§ DATA SECTION

--------------------------------

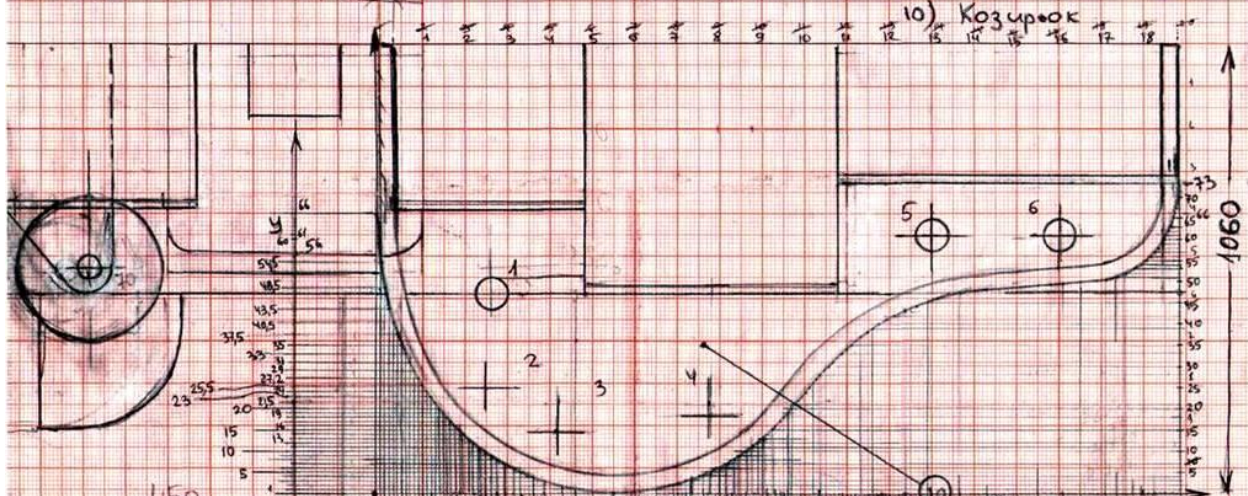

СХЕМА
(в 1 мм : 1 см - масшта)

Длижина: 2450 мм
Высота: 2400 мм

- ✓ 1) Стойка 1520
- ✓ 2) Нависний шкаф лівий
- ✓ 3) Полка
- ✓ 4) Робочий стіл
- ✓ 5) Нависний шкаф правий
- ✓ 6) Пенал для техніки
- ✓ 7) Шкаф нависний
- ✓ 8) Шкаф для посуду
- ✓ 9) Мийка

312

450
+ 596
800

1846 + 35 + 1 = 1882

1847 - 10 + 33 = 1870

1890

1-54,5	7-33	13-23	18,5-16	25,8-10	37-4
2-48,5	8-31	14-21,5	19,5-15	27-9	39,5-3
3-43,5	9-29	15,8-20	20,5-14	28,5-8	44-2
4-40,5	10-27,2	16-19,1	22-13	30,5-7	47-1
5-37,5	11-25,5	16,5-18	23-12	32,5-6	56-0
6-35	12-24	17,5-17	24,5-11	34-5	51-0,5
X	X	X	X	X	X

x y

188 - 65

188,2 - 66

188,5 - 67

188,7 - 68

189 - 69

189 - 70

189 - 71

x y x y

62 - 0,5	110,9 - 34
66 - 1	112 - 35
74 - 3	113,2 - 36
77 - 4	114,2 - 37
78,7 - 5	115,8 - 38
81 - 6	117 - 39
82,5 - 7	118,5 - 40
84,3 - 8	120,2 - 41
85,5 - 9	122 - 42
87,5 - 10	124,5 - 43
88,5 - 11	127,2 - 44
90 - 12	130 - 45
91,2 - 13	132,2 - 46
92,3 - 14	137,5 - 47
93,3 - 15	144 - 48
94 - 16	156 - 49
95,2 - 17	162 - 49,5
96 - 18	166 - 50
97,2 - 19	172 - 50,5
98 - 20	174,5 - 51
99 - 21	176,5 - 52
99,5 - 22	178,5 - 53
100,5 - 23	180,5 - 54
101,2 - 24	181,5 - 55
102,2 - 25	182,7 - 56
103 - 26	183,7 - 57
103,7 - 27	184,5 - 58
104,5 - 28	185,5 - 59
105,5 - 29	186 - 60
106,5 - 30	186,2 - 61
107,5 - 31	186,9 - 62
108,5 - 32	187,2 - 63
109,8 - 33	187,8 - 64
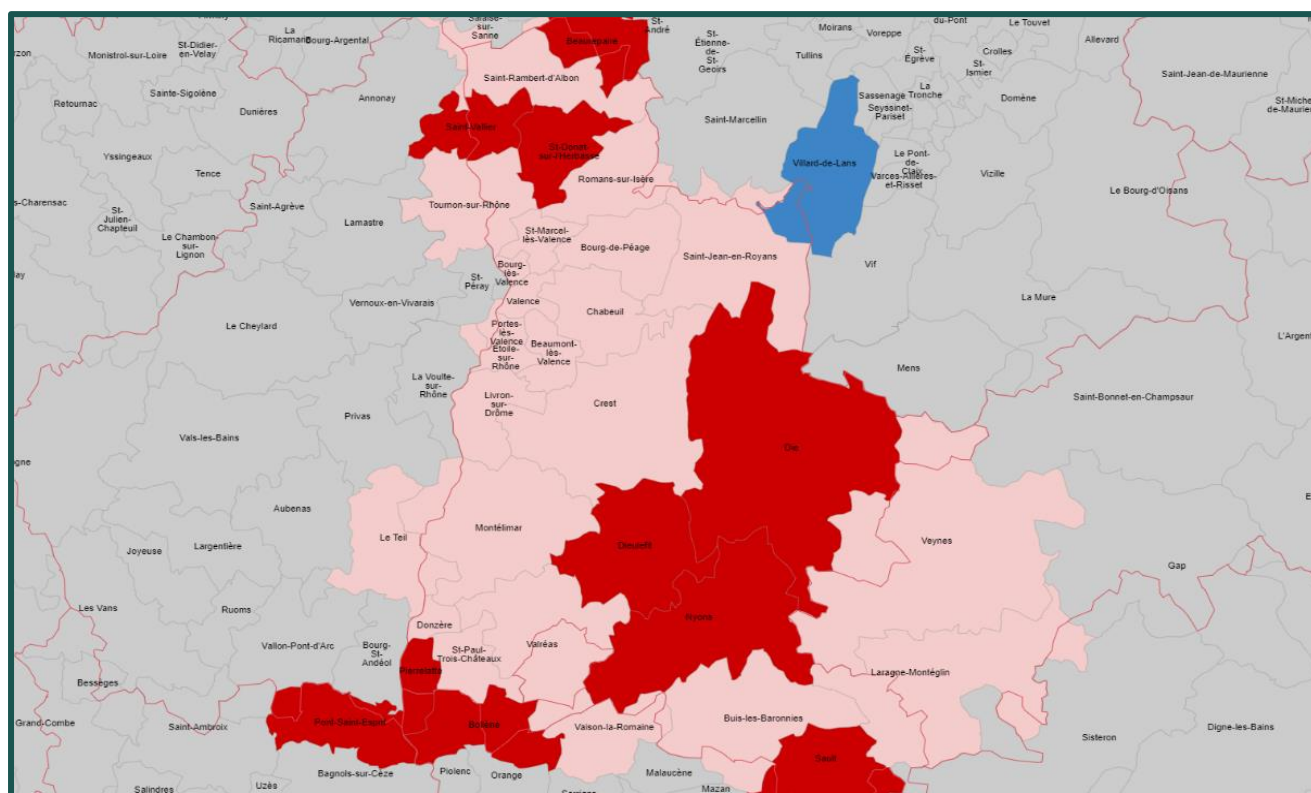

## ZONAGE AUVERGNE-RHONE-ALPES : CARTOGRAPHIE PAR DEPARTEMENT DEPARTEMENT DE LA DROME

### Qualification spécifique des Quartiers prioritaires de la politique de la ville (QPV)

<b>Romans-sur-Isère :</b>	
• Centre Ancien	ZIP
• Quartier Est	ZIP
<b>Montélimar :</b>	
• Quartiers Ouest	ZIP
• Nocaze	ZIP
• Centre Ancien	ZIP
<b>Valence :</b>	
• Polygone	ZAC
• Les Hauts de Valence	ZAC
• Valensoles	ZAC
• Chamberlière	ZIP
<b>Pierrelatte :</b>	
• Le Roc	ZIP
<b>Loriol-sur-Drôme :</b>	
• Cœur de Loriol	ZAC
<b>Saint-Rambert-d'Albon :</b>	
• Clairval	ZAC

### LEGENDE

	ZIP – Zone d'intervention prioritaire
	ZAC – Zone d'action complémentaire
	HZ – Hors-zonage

--------------------------------

Scan the preceding listing for the string "Zone" and copy every line where it occurs.

§ OUTPUT FOR THIS EXERCISE
	ZIP – Zone d'intervention prioritaire
	ZAC – Zone d'action complémentaire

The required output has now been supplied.